__AIM OF THE TASK__.
Output, verbatim and without pictures, the lines from the first line of the listing through the line containing "5) Para assegurar".

-=-=-

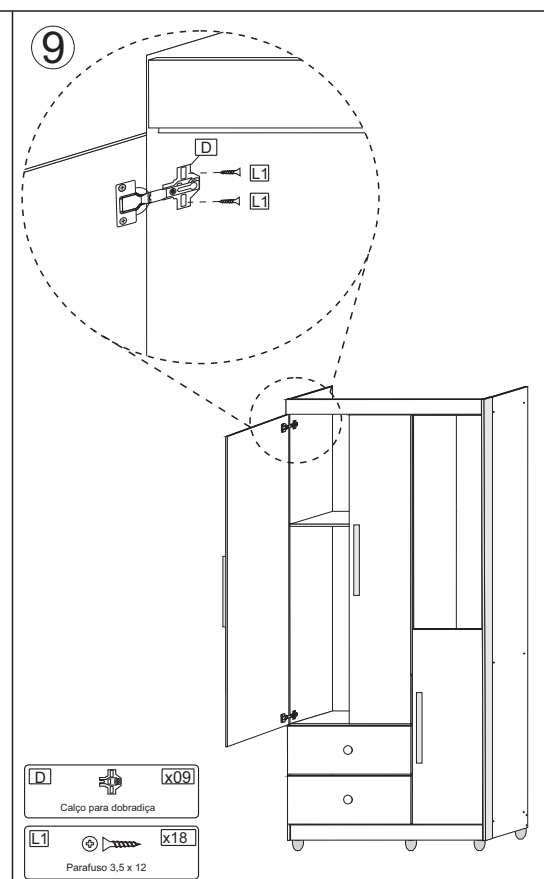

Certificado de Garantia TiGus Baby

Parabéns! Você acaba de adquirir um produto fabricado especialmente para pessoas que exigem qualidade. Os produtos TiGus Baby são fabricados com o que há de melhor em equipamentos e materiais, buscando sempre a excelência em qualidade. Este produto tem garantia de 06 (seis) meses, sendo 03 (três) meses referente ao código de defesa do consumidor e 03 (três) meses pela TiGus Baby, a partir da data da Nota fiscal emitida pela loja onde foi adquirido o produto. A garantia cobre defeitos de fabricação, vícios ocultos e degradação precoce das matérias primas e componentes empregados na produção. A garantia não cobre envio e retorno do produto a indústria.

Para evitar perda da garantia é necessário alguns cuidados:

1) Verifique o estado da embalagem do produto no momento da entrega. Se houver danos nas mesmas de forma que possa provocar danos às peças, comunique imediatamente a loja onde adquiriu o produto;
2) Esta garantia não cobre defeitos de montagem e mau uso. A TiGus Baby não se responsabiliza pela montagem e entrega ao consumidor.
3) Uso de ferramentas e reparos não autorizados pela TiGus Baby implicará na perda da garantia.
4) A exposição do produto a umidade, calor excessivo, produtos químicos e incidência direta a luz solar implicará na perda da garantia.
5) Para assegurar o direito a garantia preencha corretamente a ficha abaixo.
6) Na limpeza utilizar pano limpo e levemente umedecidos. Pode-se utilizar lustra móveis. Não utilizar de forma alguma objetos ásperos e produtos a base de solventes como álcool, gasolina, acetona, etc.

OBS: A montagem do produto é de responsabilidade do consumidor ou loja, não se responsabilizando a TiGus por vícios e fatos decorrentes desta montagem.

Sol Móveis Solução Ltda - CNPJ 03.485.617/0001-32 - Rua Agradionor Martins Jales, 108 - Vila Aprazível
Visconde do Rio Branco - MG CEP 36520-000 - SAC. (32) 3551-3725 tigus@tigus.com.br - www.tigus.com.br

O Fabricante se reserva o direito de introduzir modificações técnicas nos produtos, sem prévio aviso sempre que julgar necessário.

-=-=-

__EXERCISE SOLUTION__.
Certificado de Garantia TiGus Baby

Parabéns! Você acaba de adquirir um produto fabricado especialmente para pessoas que exigem qualidade. Os produtos TiGus Baby são fabricados com o que há de melhor em equipamentos e materiais, buscando sempre a excelência em qualidade. Este produto tem garantia de 06 (seis) meses, sendo 03 (três) meses referente ao código de defesa do consumidor e 03 (três) meses pela TiGus Baby, a partir da data da Nota fiscal emitida pela loja onde foi adquirido o produto. A garantia cobre defeitos de fabricação, vícios ocultos e degradação precoce das matérias primas e componentes empregados na produção. A garantia não cobre envio e retorno do produto a indústria.

Para evitar perda da garantia é necessário alguns cuidados:

1) Verifique o estado da embalagem do produto no momento da entrega. Se houver danos nas mesmas de forma que possa provocar danos às peças, comunique imediatamente a loja onde adquiriu o produto;
2) Esta garantia não cobre defeitos de montagem e mau uso. A TiGus Baby não se responsabiliza pela montagem e entrega ao consumidor.
3) Uso de ferramentas e reparos não autorizados pela TiGus Baby implicará na perda da garantia.
4) A exposição do produto a umidade, calor excessivo, produtos químicos e incidência direta a luz solar implicará na perda da garantia.
5) Para assegurar o direito a garantia preencha corretamente a ficha abaixo.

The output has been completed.